Dat is Achterhoeks voor eggen.
Om iets te kunnen trekken
heeft een paard een haam nodig. Dat is een aan de bovenkant beweegbaar,
ovaalvormig stuk hout, met een opening aan de onderkant. Aan de binnenkant met zacht
leer bekleed. De bedoeling is dat een paard zijn hoofd en zijn hals erdoor
steekt, zodat het ovaal tegen zijn borst en schouderpartij aan ligt. Daarom is
het haam van leer voorzien, zodat het paard geen pijn lijdt. Aan het haam maak
je vervolgens allerlei kettingen vast die aan de andere kant aan een ploeg, aan
een kar of aan een lijkwagen vastzitten. Zo trekt dus een paard. Vaak is een
haam kunstig versierd met houtsnijwerk, pluimen en belletjes. Want het oog wil
ook wat. Ook een paardenoog.
Op een foto hieronder ziet u
zon haam. Door mij gefotografeerd in een van de bijgebouwtjes rond onze
boerderij. Het is wel in een deplorabele staat, maar dat komt doordat het
tientallen jaren niet is gebruikt en ergens in de schuur in een hoekje heeft gestaan.
De muizen hebben er hun nesten in gebouwd, net als de houtwormen en spinnen.
Maar de oorspronkelijke vorm en functie is met een beetje goede wil nog goed
zichtbaar. Wat opvalt is de geringe grootte. Om te kunnen vergelijken heb ik er
een 5kilo-gewicht naast gezet. Moet hier een paard zijn hoofd en hals door
steken? Of is dit misschien een haam voor een pony?
De oplossing komt als
geroepen. Het is, houd u even vast, geen haam voor een paard, het is een haam
voor een koe. Inderdaad, het is een koehaam.

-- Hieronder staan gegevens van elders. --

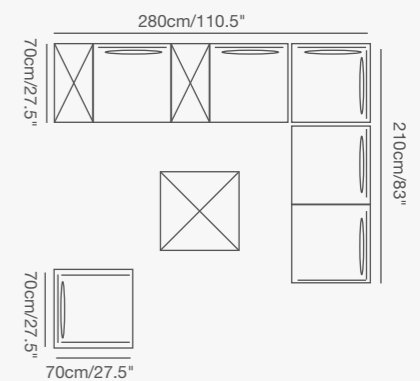

WELCOME

Collection

CREATE YOUR MODULAR SOFA

Thanks to backs that can be moved on all four sides of their bases, our WELCOME seating system is the epitome of adaptability.

You can easily create table, ottoman, armless units, corner units, chairs, in short, possibilities are endless outdoor or indoor.

MAGIC MOVIE

Welcome truly offers infinite possibilities, you simply have to decide between 1, 2 or 3 seaters or extra long sofa in line or U or L configurations.

170149
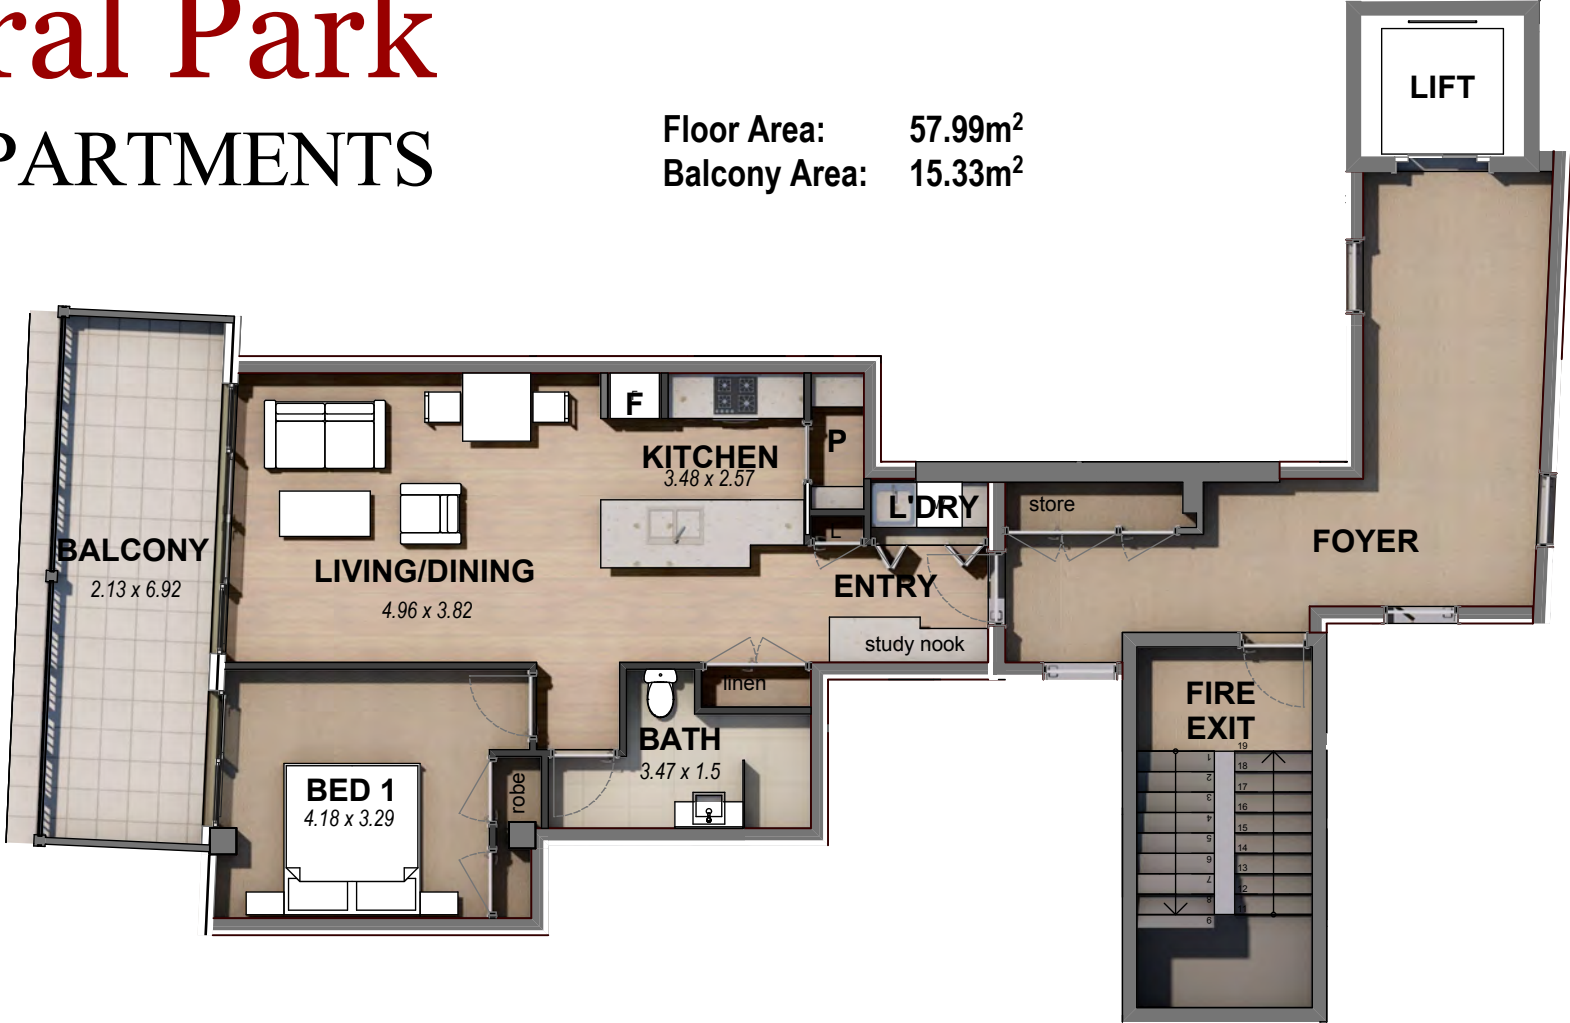

## APARTMENTS

Floor Area: 57.99m<sup>2</sup>  
Balcony Area: 15.33m<sup>2</sup>

**APARTMENT 19**  
Scale 1:100

SECOND FLOOR PLAN
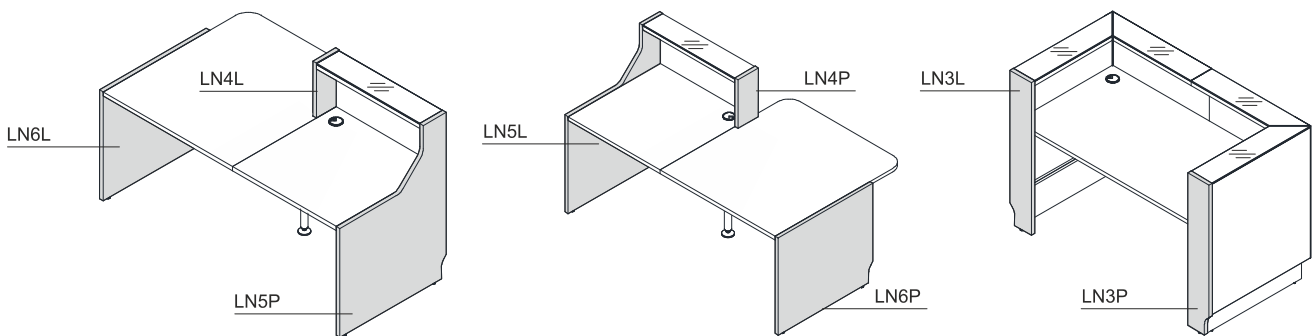

ENDING ELEMENTS APPLICATION

Je zult maar koe zijn op zon
keuterboerderijtje ergens in de Achterhoek. Daar waar de zandgrond schraal en
het leven hard is. Je geeft de familie melk, waarna de vrouw des huizes er
boter, kaas en zelfs karnemelkse pap van maakt. Na je afsterven wordt van je
hele lichaam geprofiteerd. De huid, het vlees, zelfs je gebeente, alles wordt
gebruikt. En dan zou je bij leven en welzijn ook nog dienst moeten doen als
last- en trekdier? Van ossen, van slag geraakte stieren, kunnen wij het ons
voorstellen, want die zijn van nature oersterk. Maar onze melkkoe, die wij de
mooie naam Emma 13 geven, die wij liefkozen, verwennen met een lekkere
voederbiet of een bodempje lijnmeel, haar spannen wij toch niet voor ons
karretje?
Déze koe, die u op een andere
foto hieronder ziet, trekt een kar vol bietenloof naar huis. Om haar hals
draagt zij een koehaam. Wat u op haar rug ziet (en waarachter de boer zich
tevergeefs probeert te verbergen zodat alleen zijn hoofd te zien is) is het zadel. Met hulp van een brede riem die
over dat zadel loopt, worden de twee bomen van de kar gedragen.
Nu weet u wat 1 KK betekent:
1 koekracht, vergelijkbaar met 1 P(aarden)Kracht. Maar het kan nog erger: behalve
1 PK en 1 KK bestaat er ook 1 MK, één menskracht. Dat is bijvoorbeeld het geval
bij mevrouw Olde Salemink (geboren Jentink) die zich door haar man laat
vervoeren
Ze gaat zo te zien naar een
feestelijke gelegenheid, een bruiloft misschien, want ze heeft haar prachtige
wit-gesteven knipmuts op, compleet met het zwarte ondermutsje om het wit te
vrijwaren van het vette hoofdhaar. Verder heeft zij haar zwarte, zelfgehaakte
omslagdoek om en haar gepoetste zondagse schoenen aan. En waarom niet per fiets
met zon handig transportbakje voorop? Zo, dwars gezeten als een Achterhoekse
amazone, geniet ze van het voorbijflitsende landschap en kan ze commentaar
geven op alles wat ze ziet. Ziej dat Hendrik, bi-j de Akkermaote steet de
rogge dr mooi bi-j.
Hendrik,
haar echtgenoot, moppert dat ze niet zo veel moet praten en stil moet zitten.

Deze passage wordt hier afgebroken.